Judge of the Federal Court of Australia
- In office 1 February 1977 – 28 February 1987

Personal details
- Born: 2 July 1922 North Sydney, New South Wales
- Died: 20 March 2010 (aged 87) Bathurst, New South Wales
- Education: University of Sydney
- Occupation: Jurist

Military service
- Allegiance: Australia
- Branch/service: Royal Australian Naval Volunteer Reserve
- Years of service: 1940–1946
- Rank: Lieutenant
- Battles/wars: Second World War
- Awards: Distinguished Service Cross

= Phillip Evatt =

Australian jurist

Phillip George Evatt, (2 July 1922 – 20 March 2010) was an Australian naval officer and jurist who serviced as a judge on the Federal Court of Australia from 1977 to 1987. Evatt received a Bachelor of Laws from the University of Sydney.
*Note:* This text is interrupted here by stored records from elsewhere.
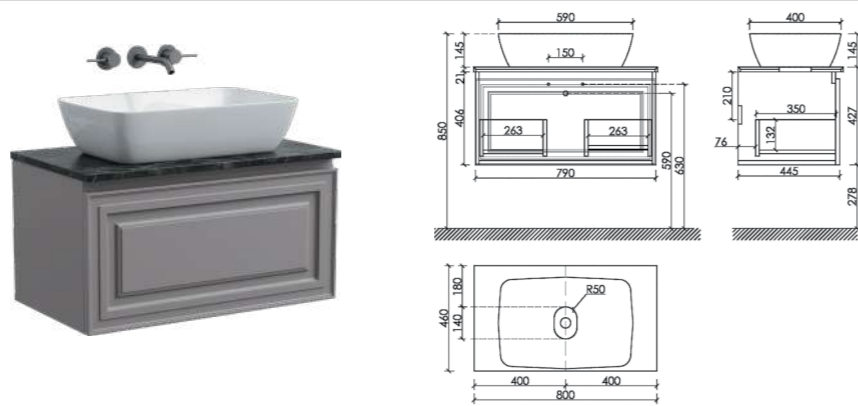

● Doha Soft

● Цвет столешницы Black sky

Тумба подвесная Very,
с двумя ящиками, оснащенными
доводчиками

Размер: 790 x 445 x 500 мм
Цвет: Doha Soft
VR80SM

Столешница для ванной комнаты,
без отверстия под смеситель

Размер: 800 x 460 мм
Цвет: Black sky
TT80A1

Материал корпуса - МДФ, покрытие - ПВХ пленка | Материал фасада - МДФ, покрытие - ПВХ пленка

Тумба подвесная Very,
с двумя ящиками, оснащенными
доводчиками

Размер: 995 x 445 x 500 мм
Цвет: Doha Soft
VR100SM

Столешница для ванной комнаты,
без отверстия под смеситель

Размер: 1000 x 460 мм
Цвет: Black sky
TT100A1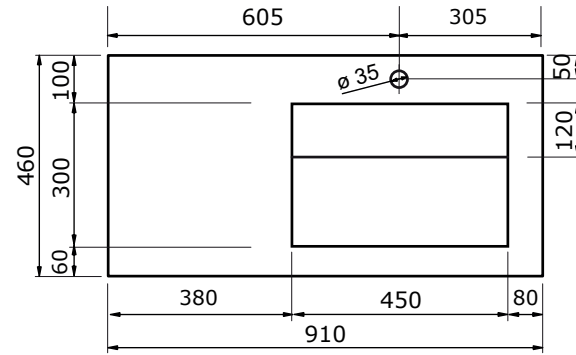

# WASTAFEL URANO (ASYMMETRISCH) - COMPACT STONE

91 CM

91 CM

111 CM

111 CM

121 CM

121 CM

- Strakke vormgeving
- Schoonmaken met pH-neutrale reinigingsmiddelen
- Verkrijgbaar in wit, zwart, wit marmer en zwart marmer

# WASTAFEL URANO (ASYMMETRISCH) - COMPACT STONE

121 CM

121 CM

- Strakke vormgeving
- Schoonmaken met pH-neutrale reinigingsmiddelen
- Verkrijgbaar in wit, zwart, wit marmer en zwart marmer

131 CM

131 CM

141 CM

141 CM

ZIE OOK DE  
VOLGENDE  
PAGINA'S

# WASTAFEL URANO (ASYMMETRISCH) - COMPACT STONE

161 CM

161 CM

181 CM

181 CM

- Strakke vormgeving
- Schoonmaken met pH-neutrale reinigingsmiddelen
- Verkrijgbaar in wit, zwart, wit marmer en zwart marmer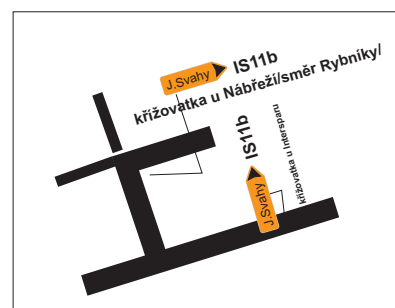

BARUM CZECH RALLY ZLÍN

18.8.2023

www.CzechRally.com

detail č.1- křižovatka u Fiatu
detail č. 2 - křižovatka nad nemocnicí u Lidlu

BARUM CZECH RALLY ZLÍN

17.8.2023

www.CzechRally.com

1 DETAIL

detail č.1- křižovatka u Fiatu
detail č. 2 - křižovatka nad nemocnicí u Lidlu

detail

POŘADATELÉ BUDOU KOORDINOVAT PROVOZ
K POUŠTĚNÍ VOZIDEL A MHD NA SEZNAMOVACÍ JÍZDY

DETAIL 2

osadit před křižovatkou ve směru od Vizovic
Přešlepit B13 za ž.přejezdem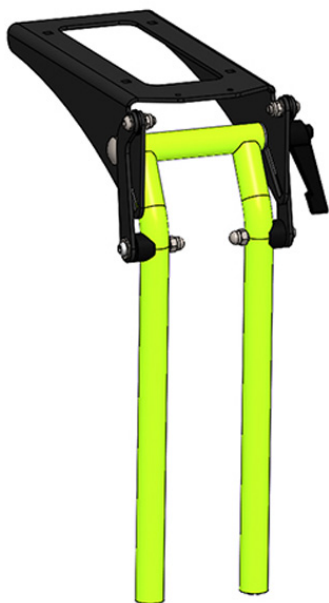

Tubos reposapiés elevables de 90º a 155º Cleo

Modelos y tallas

- HO-3278-2801 Tubos reposapiés elevable de 90º a 155º - Altura de pierna 19-25 cm
- HO-3278-2802 Tubos reposapiés elevable de 90º a 155º - Altura de pierna 19-35 cm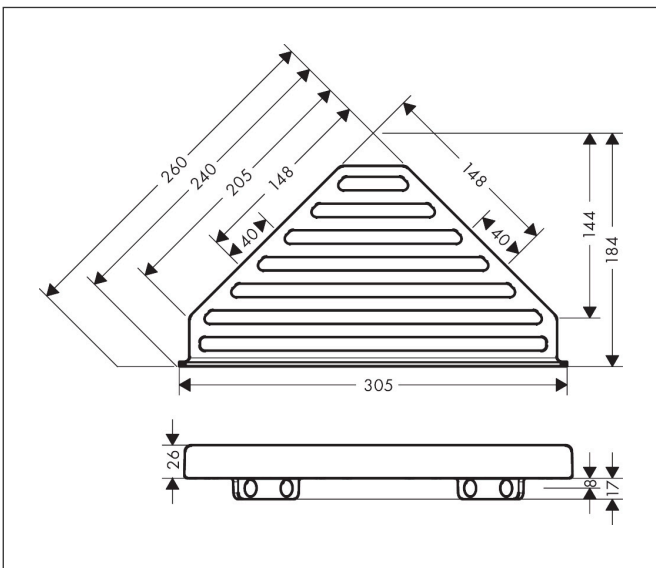

Merk hansgrohe
 Artikelnaam **AddStoris Q** zeepmandje
 Art.nr. 41741140
 Oppervlakte Brushed Bronze
 Netto prijs 111,84 EUR

reddot winner 2021

Product foto

Kenmerken

- wandmontage
- houder materiaal: metaal
- met bevestigingsmateriaal
- verborgen bevestiging
- boorafstand: 40 mm
- diameter boorgat: 6 mm
- kan tegelijkertijd als planchet gebruikt worden

Maat tekeningen

Technologie

Merk hansgrohe
Artikelnaam **AddStoris Q** zeepmandje
Art.nr. 41741140
Oppervlakte Brushed Bronze
Netto prijs 111,84 EUR

Explosietekening voor bouwjaar: >04/21

Merk hansgrohe
 Artikelnaam **AddStoris Q** zeepmandje
 Art.nr. 41741140
 Oppervlakte Brushed Bronze
 Netto prijs 111,84 EUR

Onderdelen voor bouwjaar: >04/21

Pos	Beschrijving	Art.nr.	Prijs
1	bevestigingsmateriaal	40915000	10,82
2	afdekkapset	94205140	16,22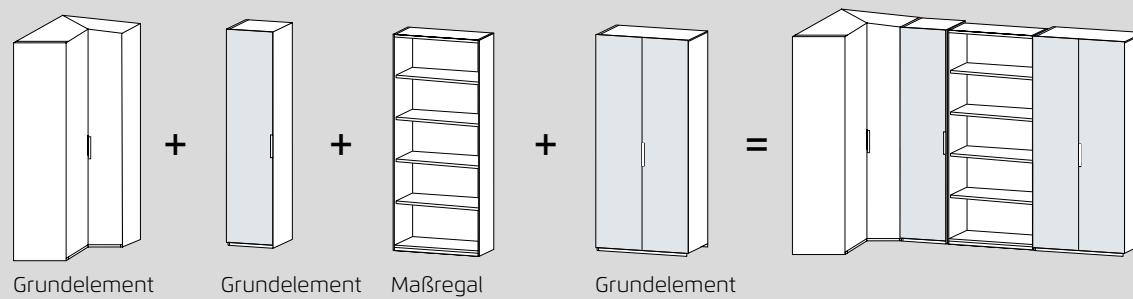

**zusätzliche
Griffstangen
erhältlich!**

Alle Infos zu Scale:

Drehtürenschränke mit vollaufgelegtem Frontdekor in Matt-Optik, Spiegel, Glas oder Hochglanz.

- Griffe sind immer in der mit dem Kennbuchstaben gewählten Farbe ausgeführt. Ausnahme: Die Auswahl KORPUSFARBEN "K" kann bei Drehtürenschränken nur für die Uni-Korpusfarben (weiß, schwarz, fango u. seidengrau) getroffen werden.
- Griffstangen können als zusätzliche Artikel zu den Drehtürenschränken bestellt werden.
- 7 Korpus- und 23 Frontfarben stehen zur Auswahl.
- Zur Standard-Innenausstattung der Schränke gehören je Korpus-Element 2 Fachböden und 1 Kleiderstange. Die Drehtürenschränke mit Schubkästen bestehen aus 1 Fachboden und 1 Kleiderstange. Weitere umfangreiche Ausstattung für Ihren Schrank finden Sie im Register Zubehör.
- Alle Schranksysteme setzen sich aus einem Grundelement und beliebig vielen Anbauelementen zusammen.
- Die offenen Schrankkorpusse können z.B. für einen begehbaren Kleiderschrank genutzt werden.
- Kränze für alle Schrankelemente sind nach den Schrankkorpusen abgebildet. Diese müssen unter den angegebenen Artikelnummern bestellt werden und werden im Anschluss passgenau gefertigt.

SCALE

Energieverbrauchskennzeichnung

Gültig für Innenbeleuchtung 45°-Eckschränke:

Dieses Produkt enthält eine Lichtquelle der Energieeffizienzklasse F.

Gültig für beleuchteten Schminkeinsatz:

Dieses Produkt enthält eine Lichtquelle der Energieeffizienzklasse F.
EPREL 795966

So planen Sie einen Schrank aus mehreren Elementen:

Die Schränke lassen sich mit Grund- und Anbauelementen sehr leicht planen und erweitern. Sie starten immer von links und bauen nach rechts weiter.

DREHTÜREN- SCHRANKSYSTEM SCALE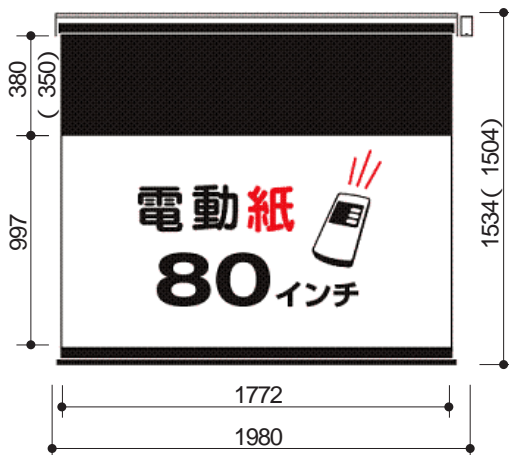

ペーパースクリーン電動タイプ展開図面

電動タイプ 100インチワイド (DSV-100)

画面サイズ	: 100型ワイド (16: 9)
外形寸法 (壁付の場合)	: W 2425x H 1781mm
映写面寸法	: W 2215x H 1246mm
総重量	: 3.2kg
スクリーンゲイン	: 0.8
ブラックマスク巾 (上側)	: 380mm/ 壁付の場合
	: 350mm/ 天井付の場合
(下側)	: 60mm

電動タイプ 80インチワイド (DSV-80)

画面サイズ	: 80型ワイド (16: 9)
外形寸法 (壁付の場合)	: W 1980x H 1534mm
映写面寸法	: W 1772x H 997mm
総重量	: 2.7kg
スクリーンゲイン	: 0.8
ブラックマスク巾 (上側)	: 380mm/ 壁付の場合
	: 350mm/ 天井付の場合
(下側)	: 60mm

電動タイプ 83インチワイド (DSV-83)

画面サイズ	: 83型ワイド (16: 9)
外形寸法 (壁付の場合)	: W 1885x H 1803mm
映写面寸法	: W 1688x H 1266mm
総重量	: 2.6kg
スクリーンゲイン	: 0.8
ブラックマスク巾 (上側)	: 380mm/ 壁付の場合
	: 350mm/ 天井付の場合
(下側)	: 60mm

映写面寸法は、紙の伸縮により前後します。そのため実際の製品は表示寸法より、若干大きめに余裕を持って製造しています。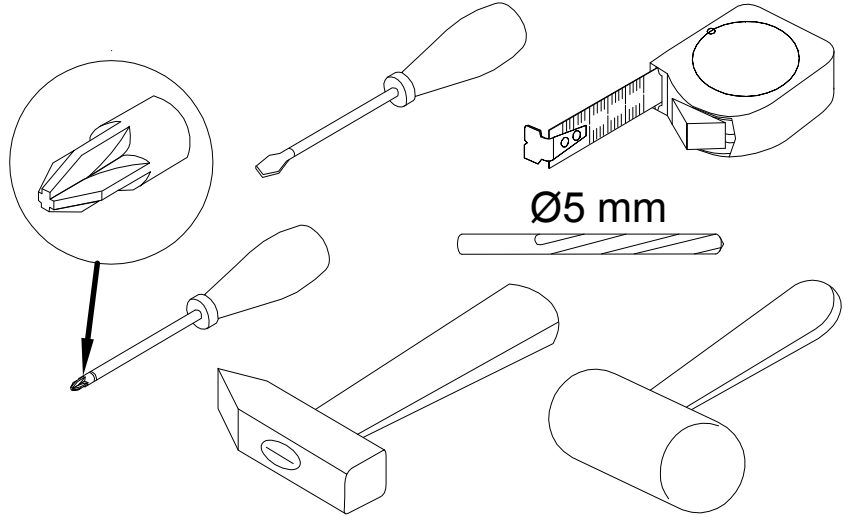

**EAC**

инструкция по сборке  
**Полка арт. 5097**

габаритные размеры

высота - 184 мм  
ширина - 502 мм  
глубина - 200 мм

единая справочная служба:

**8 800 100-50-22**

(звонок по России бесплатный)

**LAZURIT**  
FURNITURE FACTORY

1

поз.	наименование детали	№ упак.	шт.	длина, мм	ширина, мм
1	Стенка задняя	1	1	502	184
2	Стенка горизонтальная	1	1	500	184

2

3

<b>A</b> 101608  7x50 <b>x4</b>	<b>B</b> 280152  35x12 <b>x2</b>	<b>C</b> 000753  3x13 <b>x4</b>	<b>D</b> 013859  8x40 <b>x2</b>	<b>E</b> 067952  5x50 <b>x2</b>
--	---	--	--	--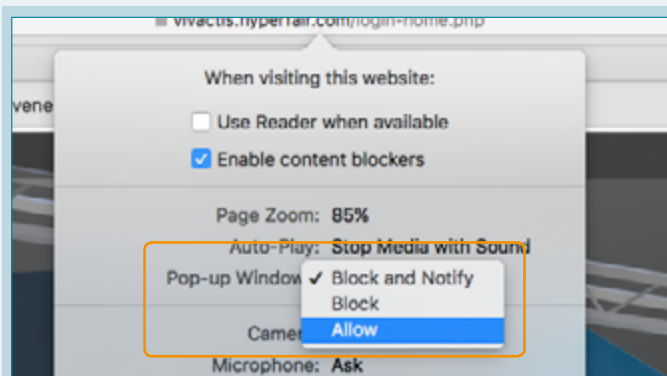

Cliquez sur l'icône de popup en haut à droite.

Autoriser les popup venant de ce site.

Pour plus d'informations, veuillez consulter le guide ci-dessous.

[Bloquer ou autoriser les pop-up dans Chrome](#)

AUTORISER LES POPUP DANS SAFARI

Cliquez sur le bouton droit de votre souris sur l'icone de popup en haut à droite. Cliquez sur les paramètres.

Autoriser les popup venant de ce site.

Pour plus d'informations, veuillez consulter le guide ci-dessous.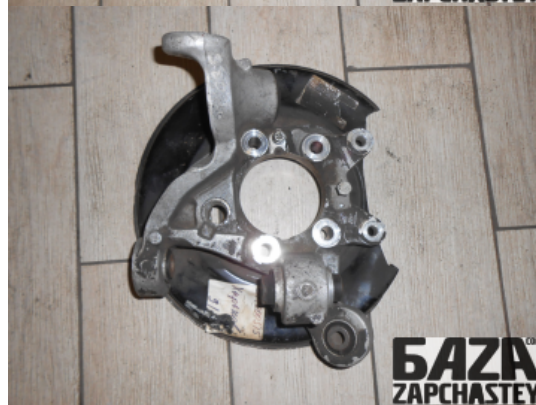

**E-Mail**

webroman2@gmail.com

**Время работы**

Пн-Пт 09:00-18:00

Деталь - Цапфа задней подвески**Наименование**

Код товара	Позиция	Функциональность	Состояние детали
r-susp2403810002	Задний левый	OK	Б/У
Оригинальный номер	Номер производителя	Номер на корпусе детали	Производитель
30666556	9200623	-	Volvo

Автомобиль - VOLVO S80 (2004 - 2006)

VIN код	Год выпуска	Пробег (км)	Топливо
-	2006	163,000	Бензин
Цвет	Код цвета	Тип кузова	Тип салона
-	-	-	-
Двигатель	Код двигателя	Тип коробки передач / Передаточное число	Номер коробки передач
-	B8444S	Автомат /	AUT 4WD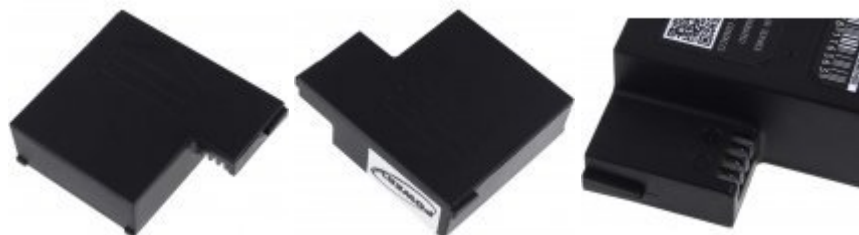

Lagervarer leveres fra 1-4 hverdage med GLS.
Alle priser er inkl. Moms. Ingen gebyrer. 14 dages fuld returret.

Reklamationsret: Mangel eller defekt afhænger dog af om der er tale om en fejl på produktet, der var til stede på købstidspunktet. Nogle gange skyldes fejl slid, forkert brug eller måske et hændeligt uheld, der udsætter produktet for noget det ikke er designet eller beregnet til i f.t. almindelig og gennemsnitlig anvendelse.

Sørg derfor altid for, at kontrollere om produktet passer.

Kontakt evt. kundeservice eller besøg producentens hjemmeside for yderligere information.

* Pris gældende 06.12.2022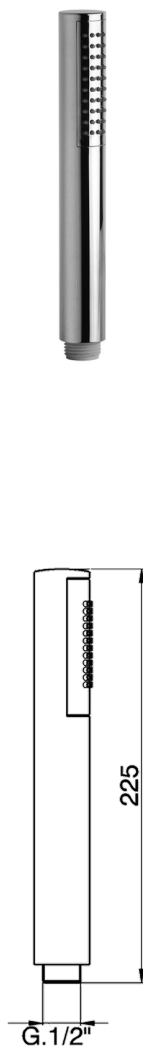

Doccetta Minimalista SHOWER_SS014230

MODELLO **SS014230**

Doccetta Minimalista, monogetto D.26 mm in ABS

FINITURE DISPONIBILI

-  **21** 21 Cromo
-  **2B** 2B Nichel Lucido
-  **2F** 2F Nichel Spazzolato
-  **40** 40 Nero Opaco
-  **4Q** 4Q Bianco Opaco
-  **2W** 2W Oro Spazzolato

CARATTERISTICHE

2025-02-05

He served as lieutenant in the Royal Australian Navy from 1940 to 1946, including on the British submarine . He was awarded the Distinguished Service Cross for his part in the sinking of German submarine U-486 in 1945. Evatt was admitted as a barrister in New South Wales in 1951. During his career as a jurist, he served on several courts, including the Supreme Court of the Northern Territory (1976–1987), the Supreme Court of the Australian Capital Territory (1974–1987), and the Supreme Court of Norfolk Island (1981–1987). Evatt presided over a Royal Commission into the use of chemical agents in the Vietnam War.